Available Formulations
There are three main forms you might encounter:
- Depakene (valproic acid): the original capsule or liquid form
- Depakote (divalproex sodium delayed-release): enteric-coated tablets, typically taken two or three times daily
- Depakote ER (divalproex sodium extended-release): a once-daily tablet that releases the drug more slowly
These formulations are not perfectly interchangeable on a milligram-for-milligram basis. Depakote ER has about 89% of the bioavailability of standard Depakote when given at the same total daily dose. To compensate, doctors typically prescribe the extended-release version at a dose 8 to 20% higher than the delayed-release equivalent. The tablets themselves list their strength in terms of valproic acid equivalents, so a 500 mg Depakote ER tablet delivers the equivalent of 500 mg of valproic acid.
What Depakote Treats
Depakote is FDA-approved for three conditions. It treats manic episodes associated with bipolar disorder, making it one of the most commonly prescribed mood stabilizers. It’s approved for several types of epilepsy, including complex partial seizures (in adults and children age 10 and older) and absence seizures. It also prevents migraine headaches in adults, though it’s used for prevention rather than stopping a migraine already in progress.
The drug works primarily by increasing levels of a calming brain chemical called GABA and by blocking certain electrical signals in nerve cells. This dual action explains its usefulness across such different conditions: calming excessive electrical activity helps with seizures, while stabilizing nerve signaling helps regulate mood and reduce migraine frequency.
Common and Serious Side Effects
The most frequent side effects are nausea, drowsiness, dizziness, tremor, and weight gain. The enteric coating on Depakote reduces stomach problems compared to plain valproic acid, but GI symptoms can still occur, especially at higher doses.
Liver damage is one of the more serious risks, particularly in children under two and in people taking multiple seizure medications. Signs include unusual fatigue, facial swelling, loss of appetite, and vomiting. Routine blood work typically monitors liver function during the first several months of treatment.

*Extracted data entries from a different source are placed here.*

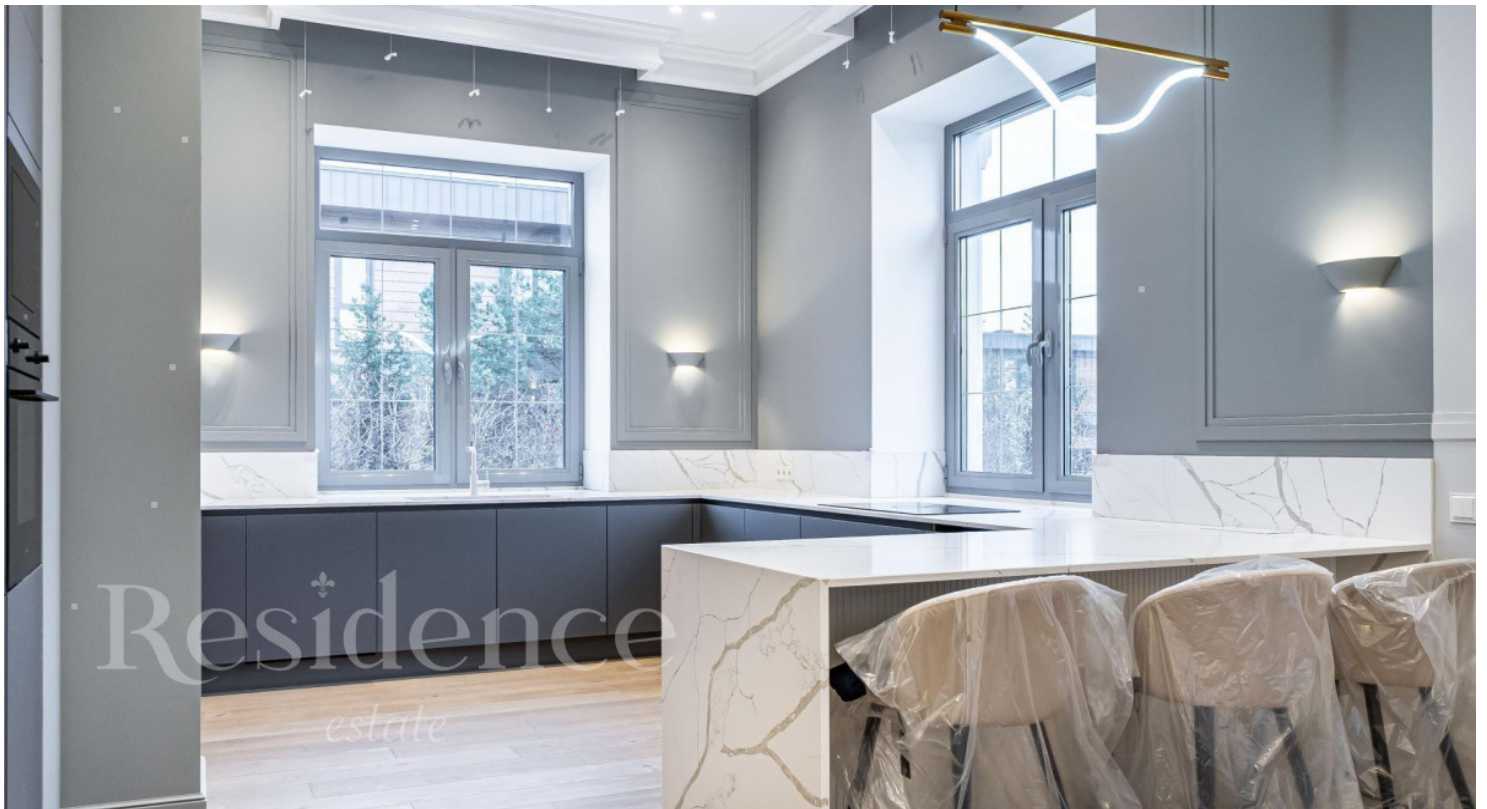

Residence

estate

ID: 10336

Дом под ключ в Миллениум Парке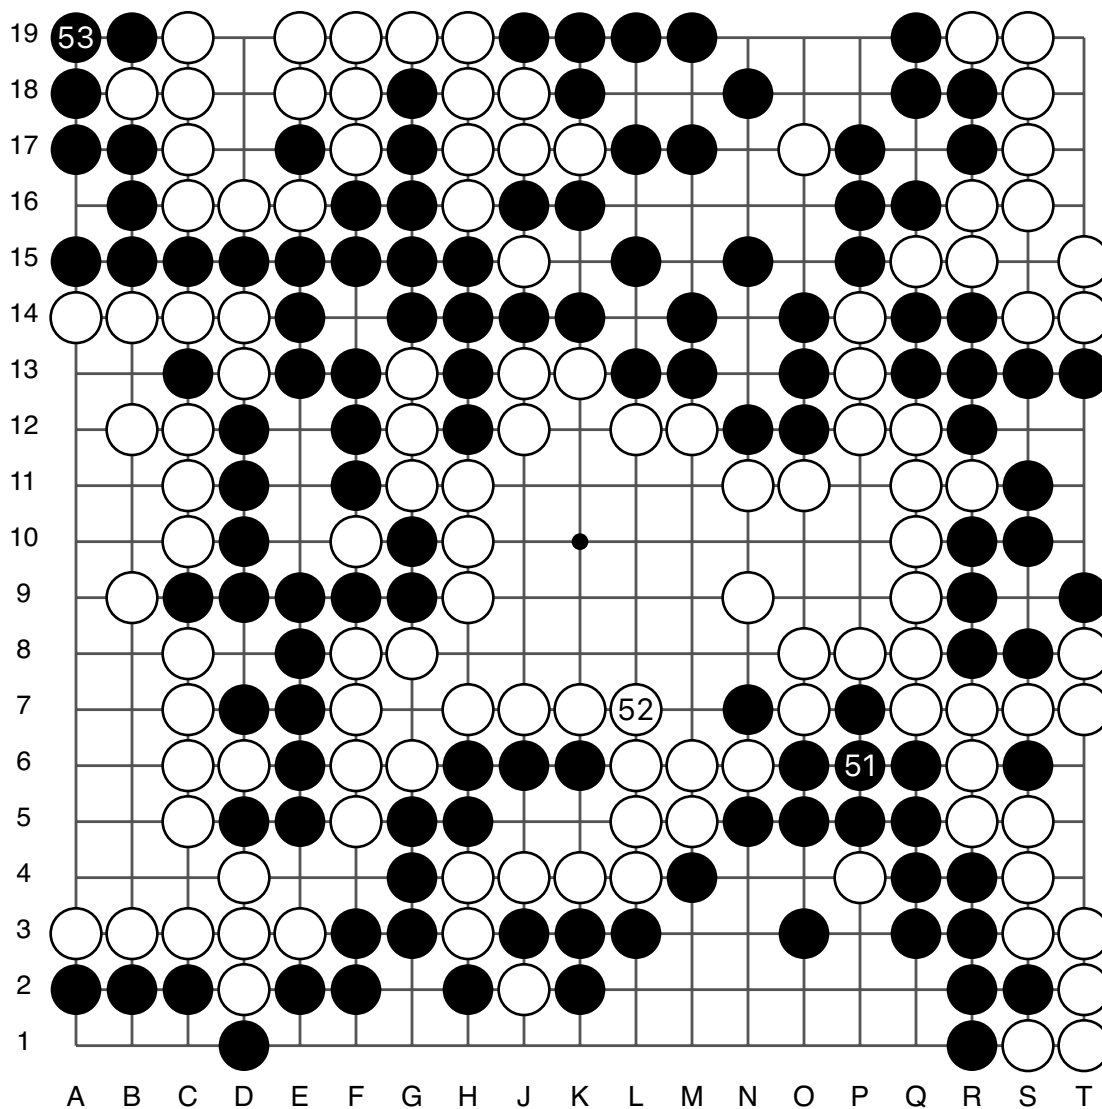

# 第47期日本名人战预选赛

实战图9 (201 - 225)

● 高尾绅路

○ 柳时熏

实战图 10 (226 - 250)

# 第47期日本名人战预选赛

实战图11 (251 - 253)

黑胜半目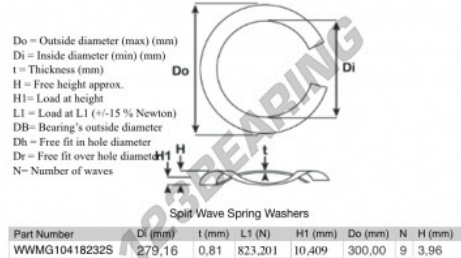

## Gedeelde gegolfde sluitringen

### SWSW-300-279.16-0.81-9-SS - SWSW-300-279.16-0.81-9-SS

<https://www.123kogellager.nl/accessoires/ringen/gedeelde-gegolfd-sluitringen/sws-300-279.16-0.81-9-ss>

## PRODUCTKENMERKEN

Merk	GEN
Binnendiameter	279.16 mm
Dikte	0.81 mm
Materiaal	ROESTVRIJ STAAL
Verpakking	1
Belasting op L1	823.201 N
Hoogtebelasting	10.409
Buitendiameter (max)	300 mm
Aantal golven	9

[contact@123kogellager.nl](mailto:contact@123kogellager.nl)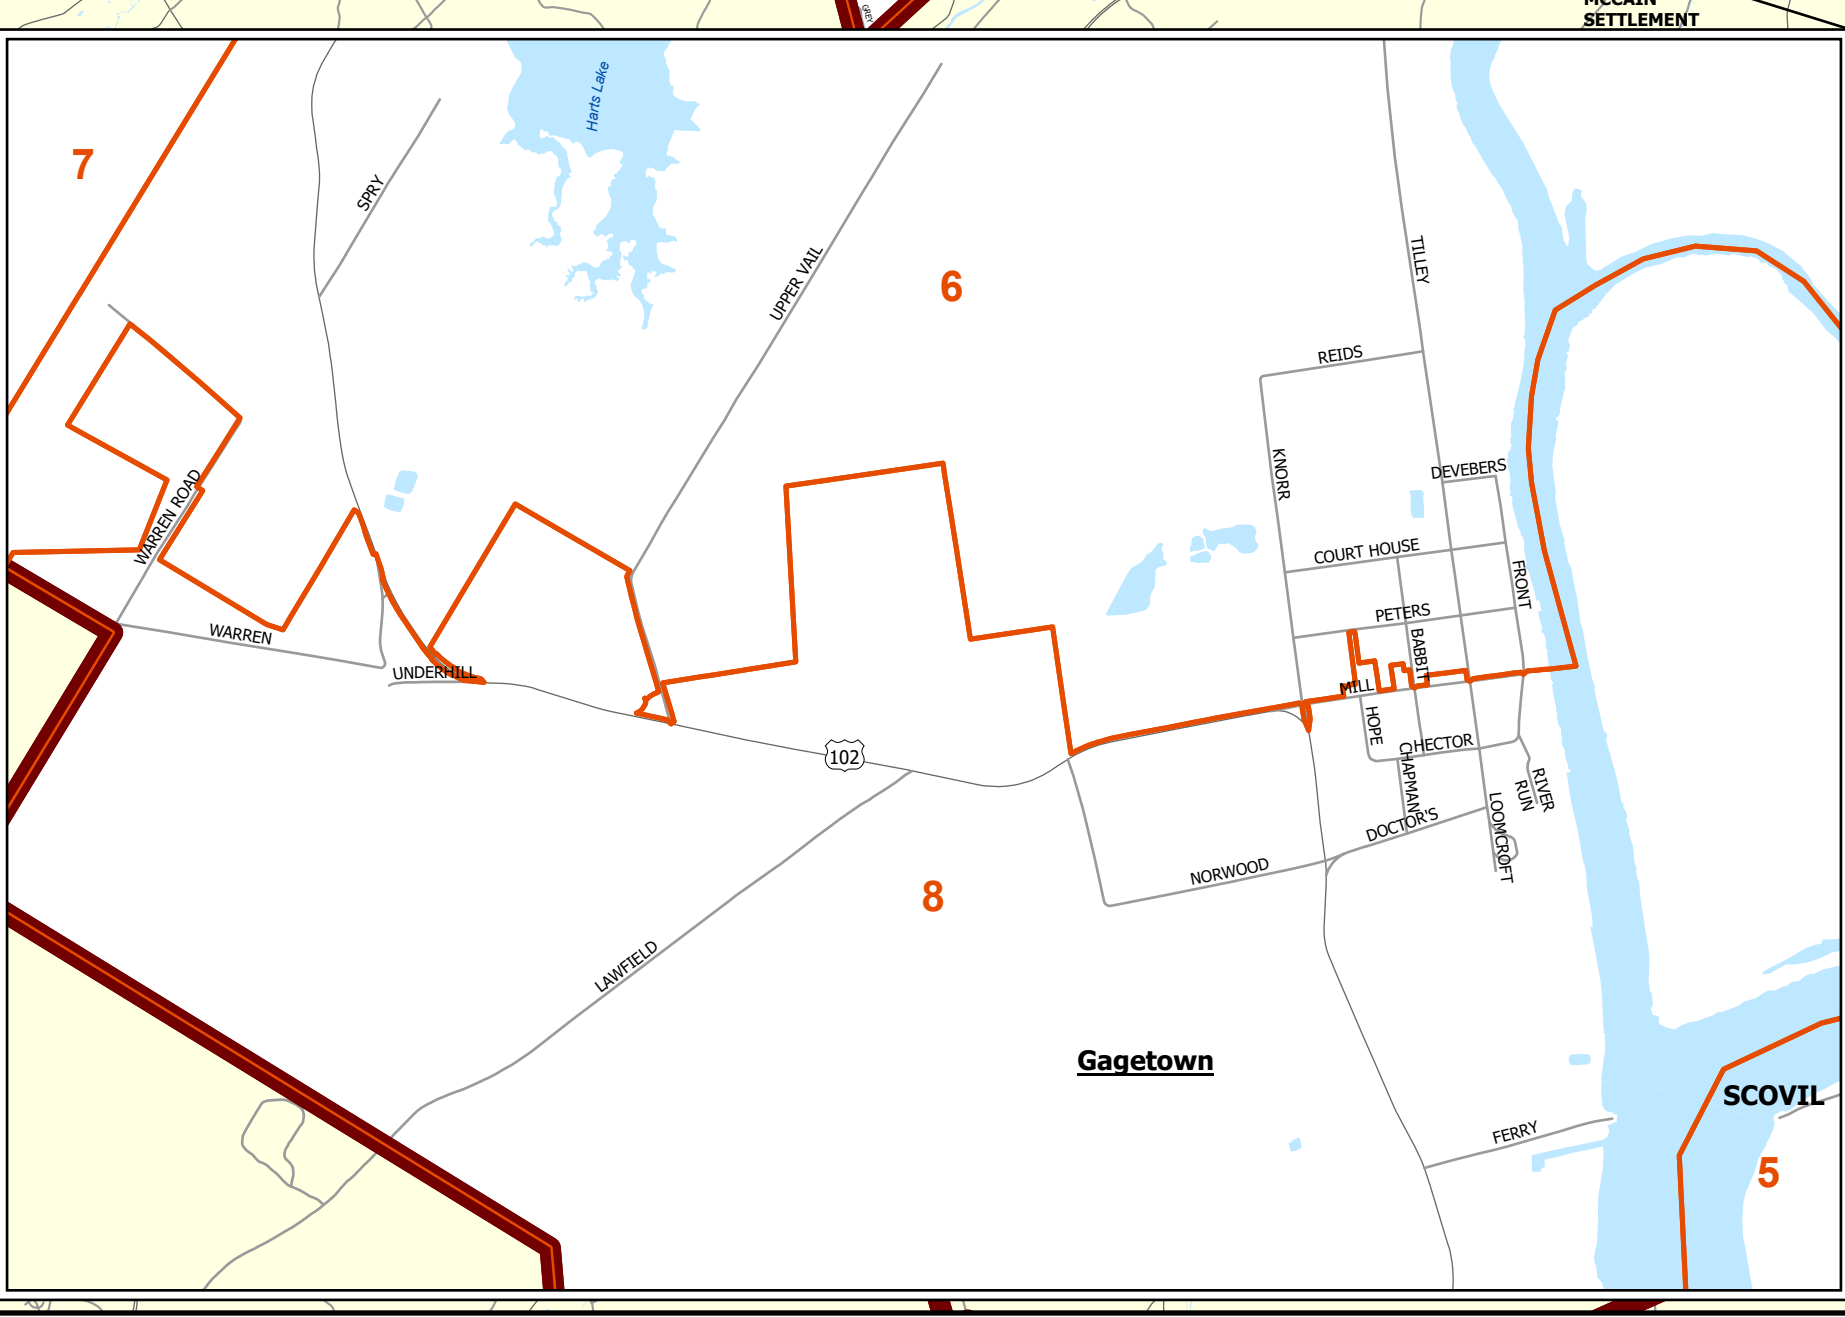

Moncton

- 18-Moncton East / Moncton-Est
- 19-Moncton Centre / Moncton-Centre
- 20-Moncton South / Moncton-Sud
- 21-Moncton Northwest / Moncton-Nord-Ouest
- 23-Riverview

Saint John

- 28-Quispamsis
- 29-Rothesay
- 30-Saint John East / Saint John-Est
- 31-Saint John Portland-Simonds
- 32-Saint John Harbour
- 33-Saint John West-Lancaster / Saint John-Ouest-Lancaster

ENB Elections NB / Élections N.-B.

Legend / Légende

Electoral District Boundaries / Limites des circonscriptions électorales

1:500,000

0 5 10 20 30 Km

Revised / Révisé: 2025/12/12

25-Arcadia-Butternut Valley-Maple Hills

Legend / Légende
Polling Division / Section de vote
Provincial Electoral District / Circonscription électorale provinciale

Scale / Échelle
1:115,000
0 2 3 6 9 12 Km

Legend / Légende
Polling Division / Section de vote
Provincial Electoral District / Circonscription électorale provinciale

N
Scale / Échelle
1:55,000
0 1 2 3 4 5 6 Km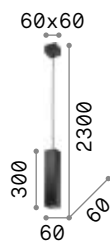

0,950 Kg / 0,0043 m³
GU10 max 1x28W

€ 96

126906 White
126913 Black
259017 Brass

3000 K
610 lm
123943 € 4,50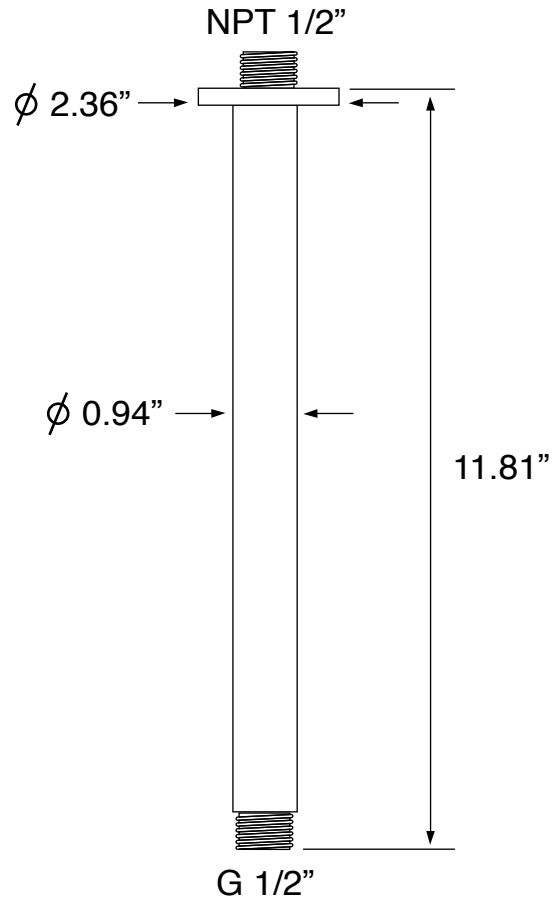

Shower Arm

Remer 347N30US-CR

Shower Head

Remer 359SS-CR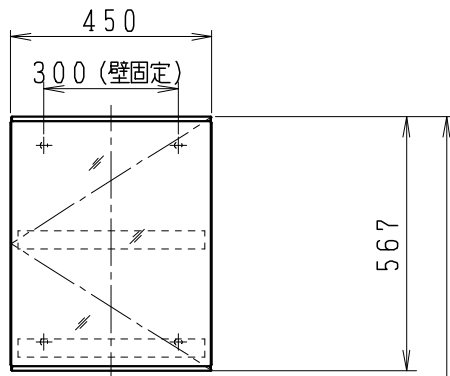

品番	品名	個数
LU0903RAS1E	洗面化粧台 (一般地形)	1
LUM4510PNN	化粧鏡	1

※止水栓 (別途手配)

JL211-420WMY	床給水用止水栓	2
JL221-75WMSY	壁給水用止水栓	2

※壁排水用部材 (別途手配)

ME44131	L管	1
LUMEH70-200-32B	配管アダプター (VP50・VU50用)	1

※洗面化粧台には、床排水用トラップを付属

※洗面化粧台には、止水栓は含まれない

※自動水栓 (電池式)

製図	写図	検図	承認	品名	900mm幅 洗面化粧台	品番	LU0903RA型	尺度	1/15
福地						図番	LUA11570		
24・6・17				Janis ジャニス工業株式会社					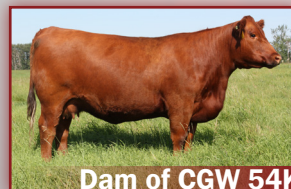

RED GILLETT RED BLOOD 54K

2268367 | JAN. 30, 2022 | CGW 54K

RED ROJAS RIOJA 6052

SIRE: RED DUFF RED BLOOD 18114
DUFF JUANADA 927K 15124

BW	94
WWADJ.	625

RED U-2 RENOWN 193C

DAM: RED COMBEST KASSIE 820F
RED BAR-E-L KASSIE 3P

CE BW WW YW M MCE

EPD'S 0.0 2.4 32 46 22 4

Dam of CGW 54K

Pancreatitis is a rarer but potentially life-threatening complication. In a systematic review of 125 reported cases, 84% of patients recovered, but 16% died from the pancreatic disease, on average seven days after diagnosis. Symptoms include sudden, severe pain in the upper abdomen along with nausea and vomiting. The condition typically appeared about 11 months after starting the medication, though it can occur at any point. Among patients who recovered and were put back on valproic acid, 84% developed pancreatitis again, which strongly suggests the drug was the direct cause.
Pregnancy Risks
All forms of valproate carry serious risks during pregnancy, and this applies equally to Depakote and Depakene since both deliver the same active drug. Children exposed to valproate before birth face a roughly 4.5-fold increased risk of intellectual disability and a 6-fold increased risk of delayed developmental milestones compared to unexposed children.
The risk appears to be dose-dependent. In one large study, children whose mothers took high doses (above 750 mg per day) had nearly 8 times the risk of intellectual disability. Children whose mothers took low doses (750 mg or less per day) showed no statistically significant increase in risk. These effects persisted even after researchers excluded children who were born with physical malformations, meaning the cognitive impact is independent of any visible birth defects.
Because of these risks, valproate in any form is generally considered a last resort for women of childbearing age, and pregnancy testing is typically required before starting treatment.